Le 3 août dernier, le Conseil national pour la sauvegarde de la patrie (CNSP) a dénoncé les accords de coopération dans le domaine de la sécurité et de la défense conclus avec la France. Mais ce combat pour la souveraineté du Niger ne doit pas s’arrêter-là. Il devrait concerner aussi la convention fiscale de non-double imposition entre les deux pays.
Le 1er juin 1965, le Niger et la France ont signé une convention fiscale par laquelle les deux pays évitent toute double imposition. Autrement dit, les contribuables français et nigériens, qu’ils soient des personnes physiques ou des personnes morales, exerçant dans l’un des deux pays payent les impôts visés par cette convention dans le pays où se trouve leur résidence fiscale. Un avenant à cette convention a été signé le 16 février 1973 et porte sur les dividendes mis en paiement à compter de cette date. Mais cette convention est-elle profitable au Niger ? Selon un fiscaliste, « une entreprise créée en France peut venir exécuter un marché au Niger, mais elle ne payera pas ses impôts au Niger. Elle les paiera en France et vice-versa. Si un Français ou une entreprise française non domiciliée au Niger exécute un contrat de prestation de service au Niger, la retenue à la source applicable à la somme versée en rémunération de cette prestation n’est pas due au Niger. » Et notre fiscaliste d’ajouter : « Il n’y a pas d’entreprise nigérienne qui opère en France. Par contre, si vous consultez les marchés publics, vous pouvez facilement voir le nombre de sociétés françaises qui exécutent des marchés au Niger. Cette convention est beaucoup plus profitable à la partie française par le fait qu’il est rare que des entreprises nigériennes exécutent des contrats en France. Sans disposer de statistiques, je pense, à la lecture de la convention, que le Niger gagnerait énormément en dénonçant cette convention. »
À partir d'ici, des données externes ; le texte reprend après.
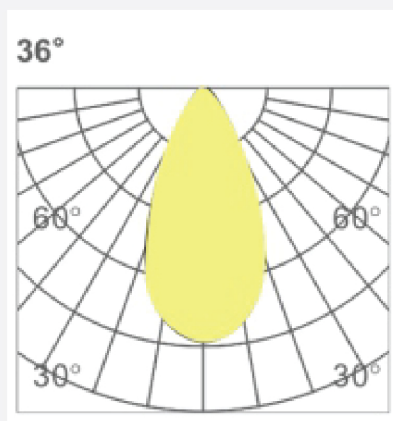

ITEM NO: 903015

MAGNETIC PENDANT LIGHT 10W

CAPTION	THE VALUE
Rated wattage	10 W
Rated current	0.30 mA
Rated Voltage	220-240V
Power Factor	50/60 Hz
Displacement Factor	0.9
Rated lumens	850 Lm
Efficiency	87 Lm/w
Lumen Maintenance	6000h
Beam Angle	36°
Color temperature	4000 K
Consistency sdcn	<3
CRI	>80
Rated Lifetime	30000 h
Switch cycle	15000
Ta	40°c
Width	50 mm
Length	300 mm
weight	00 g
Dimming	No
Main color of the luminaire	Black

Photometric curve

Areas of application:

- > General indoor illumination
- > Decorative illumination
- > Private living areas

Super protection:

- > It is made of very safe materials, so it is environmentally friendly
- Provides flexibility in installation and ease of installation.

Cette convention étant totalement déséquilibrée au détriment du Niger, le CNSP et le Gouvernement devraient demander une relecture de ses clauses ou sa dénonciation pure et simple. Les entreprises qui ont pour résidence fiscale la France ne paient pas à Niamey, par exemple, le précompte ISB dont le montant s’élève à 16% des montants des transactions effectuées au Niger. Les prestataires des filiales des groupes français ayant leur résidence fiscale dans l’Hexagone (Somaïr et Cominak pour Orano) payent, en fin d’année, l’impôt sur les sociétés en France. L’impôt que ces prestataires devaient payer au Niger est rétrocédé à la France. La représentation d’Air France qui faisait un chiffre d’affaires en termes de plusieurs centaines de millions de francs CFA ne paie pas d’impôt sur le bénéfice au Niger mais en France où elle a sa résidence fiscale. A la Direction Générale des Impôts (DGI), on estime que le manque à gagner pour le Niger dépasserait largement l’aide budgétaire accordée par la France.
Au Burkina Faso, le gouvernement a résilié, le 7 août 2023, la Convention fiscale de non- double imposition qui le liait à la France du fait des pertes fiscales pour le fisc burkinabè, estimées entre 40 et 50 milliards de francs CFA. Depuis ce 6 novembre, les entreprises françaises opérant sur le sol burkinabè devront obligatoirement payer leurs impôts à l’Etat du Burkina. Au Nigeria, le fisc réclame à Air France, 1,6 million de dollars au titre de l’impôt sur les sociétés. Mais la compagnie française se défend en invoquant une convention franco-nigériane signée il y a 30 ans et qui autorisait Air France à payer ses impôts uniquement en France.